Questioning just how much God cares about who wins a sporting event is a pretty old joke, but that doesn't make it any less true. I guarantee that after the World Series this month, someone on the winning team will thank God not for his talent but for the victory itself.

While occasionally strange—one didn't hear Green Bay's Reggie White blaming God for the 1998 Super Bowl defeat quite like he thanked him for the 1997 victory—it illustrates the point that sport and Christianity seem to have a natural, ever-present link in American culture. In fact, it may be the area of American popular culture most infused and identified with Christianity.

It hasn't always been that way, as Wheaton College professors Tony Ladd and James A. Mathisen recount. "Evangelical muscular Christianity was possible in the 1880s because of the rapid acceptance of sport in American life," they argue, "especially as it encouraged opportunities for the YMCA on college campuses." But in the early part of this century, evangelical Christians became disillusioned with sport and "disengaged" from it. Chicago White Stockings ball player Billy Sunday, the greatest athlete-turned-evangelist in Christian history, even became antagonistic to his former career.

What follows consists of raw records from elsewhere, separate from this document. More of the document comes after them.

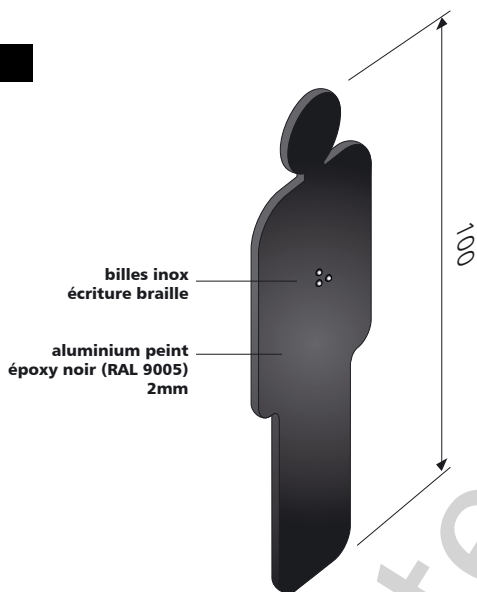

mode d'emploi

fixation

- scellement chimique.
- collage sans perçage.

fixation par perçage en option
douille M4 soudée

fiche
technique
LIT100P RN
h100xd2 mm

plans

vue de face
pictogrammes avec braille

vue de face
pictogrammes complémentaires

finitions

standards

peint époxy noir (RAL 9005)

braille / langues

fiche
technique

LIT100P

braille

h100xd2 mm
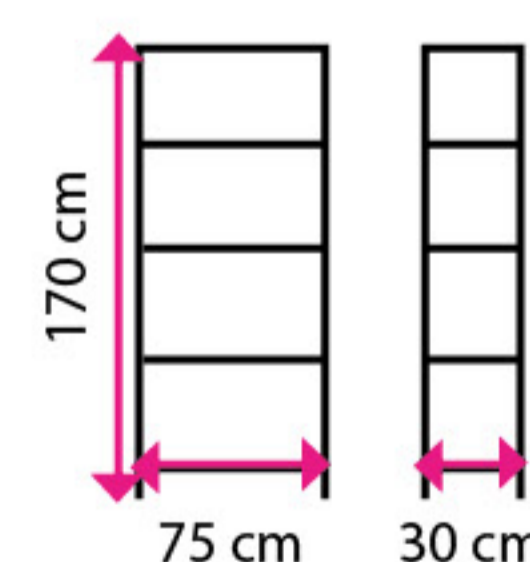

931 Kč

Parametry	8	9	10	11
Cena (bez DPH)	6 013 Kč	1 647 Kč	2 490 Kč	931 Kč
Barva	Šedá - RAL 7035	buk	černá	pozink
Kód	10930001	10100029	10100014	10900005
Odesíláme do	2 prac. dní	2 prac. dní	2 prac. dní	2 prac. dní

As Ladd and Mathisen summarize, "When sport moved in increasingly secular directions in the early twentieth century, Protestants moved accordingly—but in two separate directions. While mainline Protestants continued to endorse sport apart from its value for conversion, fundamentalists (including Billy Sunday in 1893) grew increasingly suspicious of sport and minimized its value."

It wasn't until after World War II, when "sport redefined its niche as part of the American way of life," that evangelicals re-established their ties to sport. Ladd and Mathisen credit Billy Graham (as well as other fundamentalists involved in youth work) with much of this renewed relationship.

Today sports heroes are still very much a part of Billy Graham's evangelistic ministry: his Indianapolis crusade last spring, for example, was awash in sports testimonials, with Dallas Cowboy Deion Sanders and NASCAR star Jeff Gordon as "special guests." The crusade chair dropped sports names Reggie Miller and Larry Bird in his report to the media.

Ladd, chair of Wheaton College's Department of Kinesiology and Athletics, and Mathisen, a Wheaton sociology professor, are sympathetic to "muscular Christianity," but they express a number of concerns. For example: "As evangelical muscular Christianity looks to the twenty-first century, it enjoys affirmation from within its subculture but also faces the potential for increasing suspicion from without." Sports Illustrated's columnist Rick Reilly, who sarcastically criticizes Christian athletes who make a display of their faith, is but one example.

Many of the names discussed in the book will be familiar to Christianity Today readers: James Naismith, D. L. Moody, Eric Liddell, Billy Sunday, Bill Glass, and Bill McCartney are among the main characters. And while the book seems to be written to those in sports ministries, those who are interested in the history of evangelicalism in the last two centuries will certainly find much here to stimulate their thinking.